The bell project

by Rebecca Axelrod, HPCCR volunteer

2012CommemorativeBellHPCCR-3_cropped for web

Our beautiful 2012 Commemorative Bell

On an ordinary day last fall, an extraordinary thing happened.  I received a phone call from Crystal England, HPCCR Volunteer Program Coordinator, asking me if I would be interested in inscribing some of the Commemorative Bells that HPCCR releases each year during the holiday season.  Initially, I was flattered that I had been singled out as one who had proven her skills at writing and calligraphy!  I told her that I would certainly be interested in finding out more about this “project” and what it entailed.  She gave me Nancy Cole’s number and encouraged me to call her and discuss the particulars.

And so began this extraordinary experience . . . .

My initial meeting with Nancy Cole (HPCCR Director of Special Events) was more of a “show and tell” as she explained how the bells were inscribed and that each one would be different depending on whether it  was ordered  “in memory of” or “in honor of.”  My first reaction was wondering whether or not I could successfully space that many letters in a circular area with only a 2 1/8″ opening!  Never one to shy away from a challenge, I agreed to “give it a try,” and left having no real idea as to what I had just committed to!

After inscribing 712 bells, the answer to my wonderings came to full light.  I had embarked on a very spiritual practice.  I had once heard that the art of calligraphy was a link to meditation.  Up until this point, I had not experienced that; although I had hand-addressed all of my niece’s wedding invitations, it was more a devotion of love than a meditation.

My experience with the Commemorative Bells began to turn the formation of letters into a contemplative practice.  The first time I realized the connection to the mindfulness aspect of this endeavor was after a particularly large order had been completed.  I turned to look at the stack of boxes, each holding an inscribed bell, and the mere quantity of them astounded me.  I felt no time had passed at all!  I became so deeply attached to each name, some with very moving additions to the format “in memory of” that as I held each bell, I felt almost a solitude and a grave responsibility to the memorialized or honored person.
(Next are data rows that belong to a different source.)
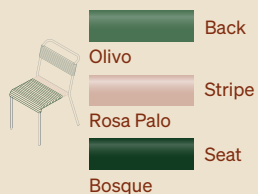

Índice de Materiales y Acabados

PVC CORD 7 MM

PINTURA ELECTROSTÁTICA / POWDER COATING

Dimensiones

COLORÍN DINING CHAIR 5.5 kg / 12 lb

COLORÍN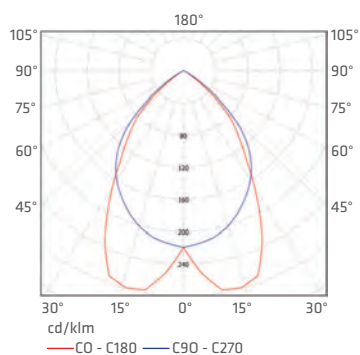

PURO N T5 4x24W PAR

It is said that the link to meditation happens in a moment.  As I held each new bell and read the inscription I was to pen, I realized that I was creating a lasting tribute; and although I did not know the person I was memorializing, I did nonetheless feel an intimate connection and reverence to them.
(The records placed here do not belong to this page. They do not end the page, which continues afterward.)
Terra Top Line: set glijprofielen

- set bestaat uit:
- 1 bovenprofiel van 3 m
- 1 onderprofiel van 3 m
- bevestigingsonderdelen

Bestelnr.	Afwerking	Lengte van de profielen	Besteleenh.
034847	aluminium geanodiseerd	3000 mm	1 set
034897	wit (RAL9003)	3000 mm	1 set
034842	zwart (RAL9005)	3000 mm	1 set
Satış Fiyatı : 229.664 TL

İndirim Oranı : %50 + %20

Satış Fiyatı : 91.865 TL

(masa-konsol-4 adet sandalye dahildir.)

I think most people who create something with their hands feel a satisfaction in creating something beautiful.  Inscribing these bells goes beyond that; there is also an aspect of soulfulness.  They touched something inside of me that was very precious.  They became blessings. What’s precious and meaningful for one might not be for another, but each message held something very personal and dear to the giver.  There were some very touching words, nicknames only used by loved ones, a few which could only be understood by the giver and the receiver.  There were even pet tributes and an order for a beloved cat complete with a paw print!  I never tired of seeing what the next order would bring, even though my body ached as my shoulders and hands overworked themselves in an effort to meet deadlines.

The spiritual meditation of this work fed me in a way that allowed my body to continue through all 712 memorials and tributes.  This “Bell Project” had revealed to me the incredible responsibility I had to so many remembered as I realized the spiritual practice that this had become.  Edward Johnson, a calligrapher who has written books on this art form and has taught calligraphy professionally made the following profound statement, “Our aim should be to give letters life that we ourselves may have more life.”  I think anyone who has received a HPCCR Commemorative Bell would fully understand this statement as their loved ones continue to have life in remembrance.

What seemed to be an ordinary task for which I would devote hours during my own busy holiday time became an extraordinary blessing.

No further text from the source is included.